Microkayla chapi, Riva & Chaparro & Castroviejo-Fisher & Padial, 2018

Microkayla View in CoL

Six putative new species are supported by our results, two from Peru and four from Bolivia ( Fig. 1C). In Peru, M. chapi sp. nov. from the Hirigache Valley of the Apolobamba mountains near the village of Sina (Department Puno) was found as the sister group of a clade composed of M. boettgeri from the eastern Carabaya mountains (the northern and westernmost known species of Microkayla ) and P. chilina sp. nov. from the Peruvian part of the Apolobamba mountains in the valley of Sandia ( Fig. 1C). All three species are allopatric and occur in distant valleys separated by high Andean slopes, are diagnosable morphologically, and have genetic distances of 2.5%–5.8% ( Table 2).

Genetic distances were calculated for a 518 bp fragment of the 16S gene. For B. wilakunka , which lacked the homologous fragment, we report genetic distances with its sister species ( B. tocra ) based on a similarity alignment of 519 nucleotides of a different fragment of 16S. Sample size for each species is in parentheses.

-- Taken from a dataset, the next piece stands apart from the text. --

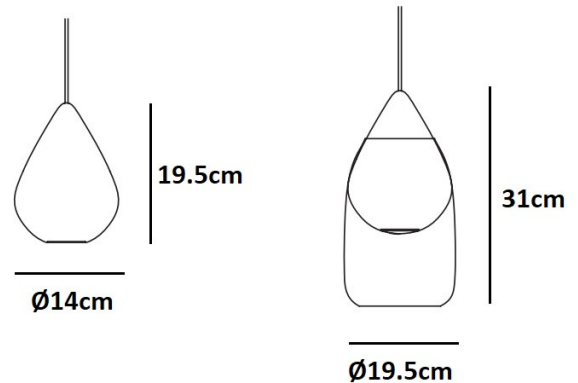

For all sales and technical enquiries, please contact:

+44 (0)114 263 4266

info@davidvillagelighting.co.uk

www.davidvillagelighting.co.uk

In Bolivia, a population from Coscapa at 3550 m in the eastern slopes of the Condoriri (Kunturiri) massif of the Cordillera Real of La Paz was recovered as the sister group of Microkayla teqta ( Fig. 1C), from the Pablo Amaya Valley (La Paz), further northwest in the Cordillera Real. These populations are allopatric and morphologically distinct (see diagnosis), with a genetic distance of 1.3%–1.7% (for distances to other species, see Table 2).

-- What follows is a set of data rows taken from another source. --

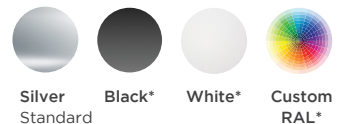

MICRO CHANNELS

Our special Micro Channels let you bring light to the smallest of spaces. Surface mounted or recessed, these Micro Channels pair with our Static White and Static Color Micro RibbonLyte to create elegant and efficient fixtures. Finish your complete Micro fixture in a standard silver, black or white or choose any powder coated custom color.

HOUSING FINISHES

Silver Standard Black* White* Custom RAL*

*Additional fee applies

Surface mounted Micro Channel fixtures are all closet rated when used with our Micro RibbonLyte.

AR7

W: 0.63 in. / 16.1 mm
H: 0.59 in. / 15 mm
Inside W: 0.33 in. / 8.5 mm

Lens finishes:
Milky

AR9

W: 0.54 in. / 13.6 mm
H: 0.35 in. / 8.9 mm
Inside W: 0.22 in. / 5.7 mm

Lens finishes:
Milky

AS7

W: 0.39 in. / 10 mm
H: 0.59 in. / 15 mm
Inside W: 0.31 in. / 8 mm

Lens finishes:
Milky

A Bolivian population formerly considered part of Microkayla quimsacruzis , from the Khatu River of the cordillera Quimsa Cruz in La Paz, at 3730 m, is reciprocally monophyletic to nominal M. quimsacruzis in parsimony analyses, and sister to M. illimani , from the slopes of the Illimani mountain in the Cordillera Real, in maximum likelihood analyses with a resampling frequency of 68% ( Fig. 1C). While nominal M. quimsacruzis is restricted to the Choquetanga Valley on the northern versant of the cordillera, the population of the new species is restricted to a southern valley that belongs to another river drainage, the Khatu River of the Quime-Inquisivi Valley. Both populations, reciprocally monophyletic in parsimony and non-sister in maximum likelihood, show distinct morphological differences and have genetic distances of 2.5%– 2.6% (for distances to other species, see Table 2).

A population from Utururo, on the Andean slopes that conform the upper basin of the Chapare river system in Cochabamba, at 3800 m, is found as the sister group of a clade associated with the name M. iatamasi (non-monophyletic) in parsimony analyses, and as the sister group of a clade composed of M. adenopleura (Aguayo-Vedia & Harvey, 2001) and M. kempffi (De la Riva, 1992) in maximum likelihood analyses ( Fig. 1C). This population is morphologically diagnosable and differs from its closest relatives by genetic distances of 1.9%–2.7% ( Table 2).

Potentially sympatric specimens of M. iatamasi from the Andean slopes of the Chapare river basin in Cochabamba are found in two different clades ( Fig. 1C). The clade with nominal P. iatamasi ranges from 3000 to 4192 m in the upper basin of the Chapare river and is the sister group of a larger clade that includes other species from that part of the Andes ( M. adenopleura , M. cf. iatamasi , M. kempffi and Microkayla sp. from Utururo). Microkayla cf. iatamasi is found as the sister group of Microkayla sp. from Utururo in parsimony analyses, and as the sister group of a larger clade ( M. adenopleura , M. kempffi and Microkayla sp. from Utururo) in maximum likelihood analysis with a resampling frequency of 88%. Accordingly, we consider M. cf. iatamasi a different species. Morphological differences are unknown because specimens were not available for study. Genetic distances between this species and nominal M. iatamasi are 4.0%– 4.8 % (for distances to other species, see Table 2).